I have a use case when I execute some calculations on a part of data and these calculations depend on the context (intermediate state).

For example: I have some orders and perform some calculations on them. Calculations are performed for orders grouped by symbol field.

    class Order {
        LocalDateTime ts;
        String symbol;
        ....
    }

So I decided to key orders by symbol field and keep separate state for each group:

    DataStream<Order> orders = tableEnv.toDataStream(selectStatement, Order.class);
    orders.keyBy(Order::getSymbol).flatMap(new SymbolExecutionContext()).addSink(jdbcSink);

Function with state:

 public class SymbolExecutionContext extends RichFlatMapFunction<Order, OrderBookRow> {

    private transient ValueState<OrderBook> orderBookState;

    @Override
    public void flatMap(Order input, Collector<OrderBookRow> out) throws Exception {
        OrderBook orderBook = this.orderBookState.value();
        if (orderBook == null) {
            orderBook = new OrderBook(input.getSymbol());
            this.orderBookState.update(orderBook);
            orderBook = this.orderBookState.value();
        }
        final List<OrderBookRow> execute = OrderBookService.execute(input, orderBook);
        for (final OrderBookRow orderBookRow : execute) {
            out.collect(orderBookRow);
        }
        this.orderBookState.update(orderBook);
    }

    @Override
    public void open(Configuration config) {
        ValueStateDescriptor<OrderBook> descriptor = new ValueStateDescriptor<OrderBook>("orderbook", OrderBook.class, null);
        orderBookState = getRuntimeContext().getState(descriptor);
    }
}

So I create new OrderBook for each unique symbol. OrderBook represents symbol context in which some calculations are performed for each Order with the same symbol.

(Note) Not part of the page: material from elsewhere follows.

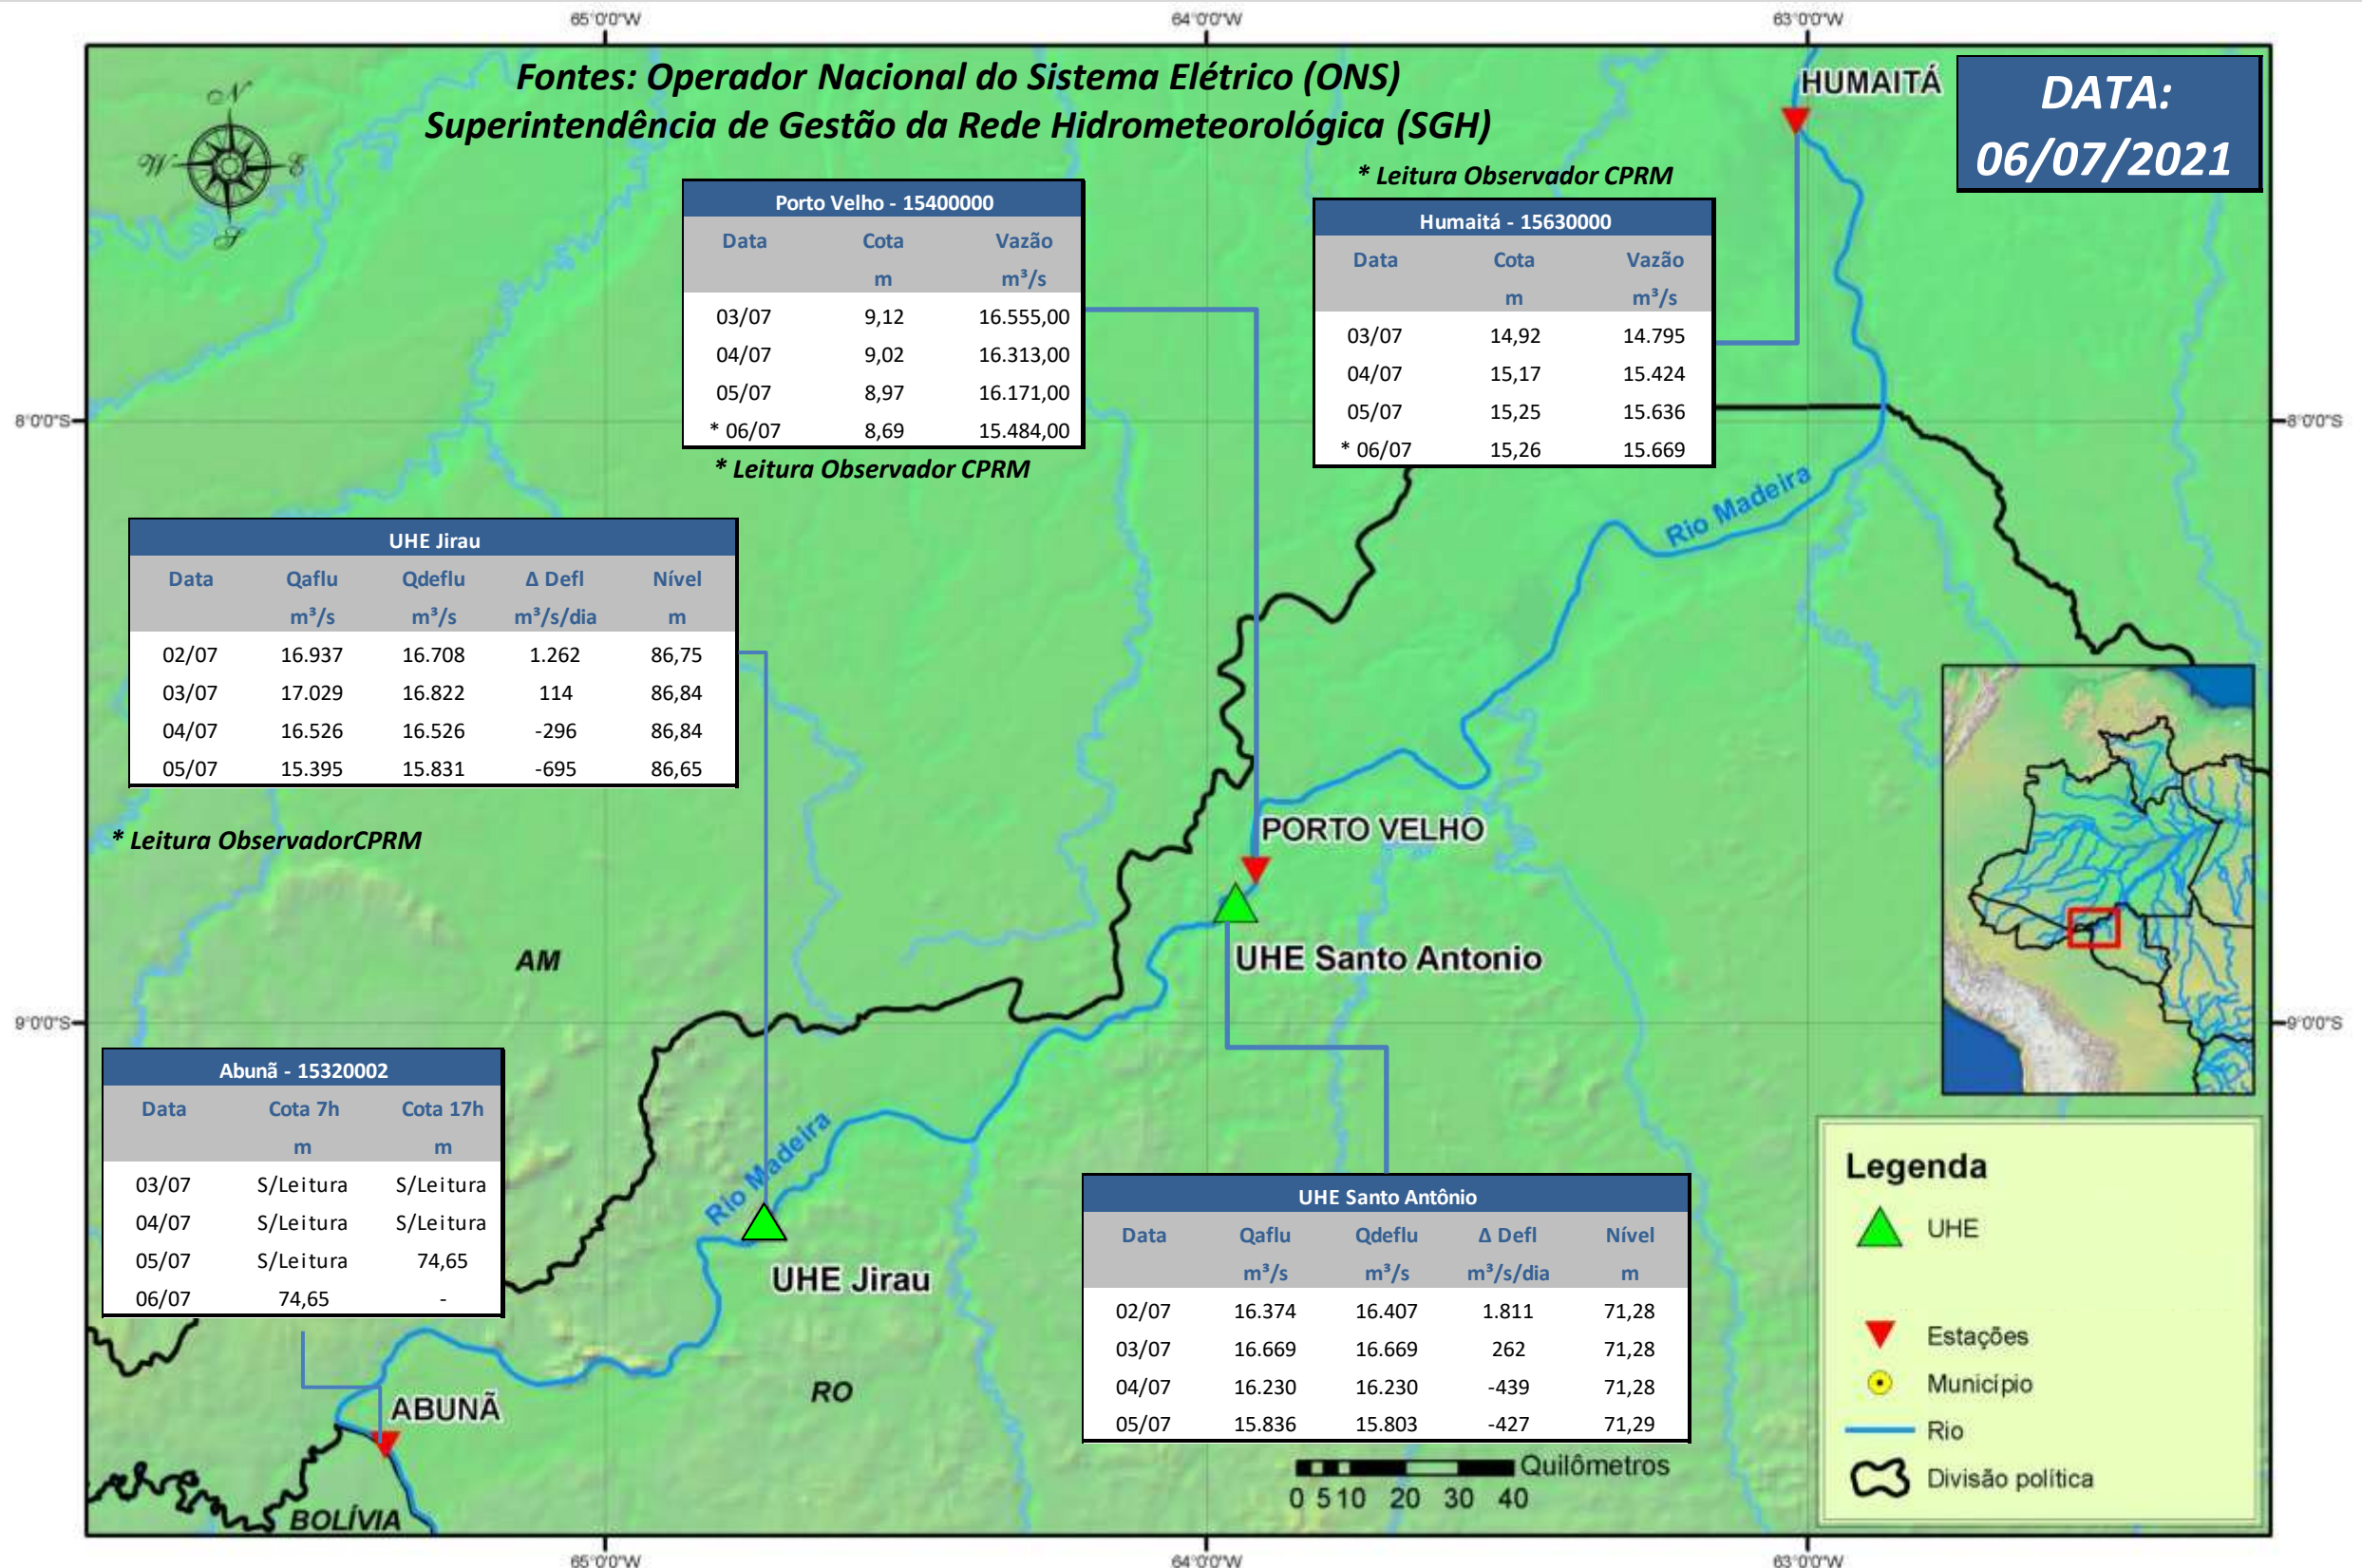

SALA DE SITUAÇÃO

Boletim de acompanhamento da Bacia do Rio Madeira

Para dados mais atualizados das estações fluviométricas acesse: [Telemetria ANA](#)

UHE Jirau Vazão Natural - 1967-2018 (Permanências diárias)

However it seems it doesn't work. It works well if there is only one symbol. If more than one it produces invalid results (missing or not accurate) and the results are more or less unpredictive.

Flink job is executed in batch mode.

Is there a better way to handle this use case?

Ardelia Lortz
  • 72
  • 1
  • 8

2 Answers2

0

it seems you are updating order only when the state is not present. Is it a valid assumption? the incoming order wont affect the orderbook?

Amareswar
  • 2,048
  • 1
  • 20
  • 36
  • Incoming order possibly can modify OrderBook (state) and it does in `OrderBookService.execute(input, orderBook)`. `OrderBook` is a reference to the object kept in `ValueState orderBookState` so I don't have to update the state each time new Order appears. It's done once when there is no value. Even when I run `orderBook.update(orderBook)` each time new order comes in it behaves exactly in the same way. I updated the `SymbolExecutionContext` so you can see what I've changed – Ardelia Lortz Dec 23 '21 at 08:45
0

When the DataStream API is used in batch execution mode, events are sorted first by key, and then by timestamp, so that should satisfy your ordering requirement.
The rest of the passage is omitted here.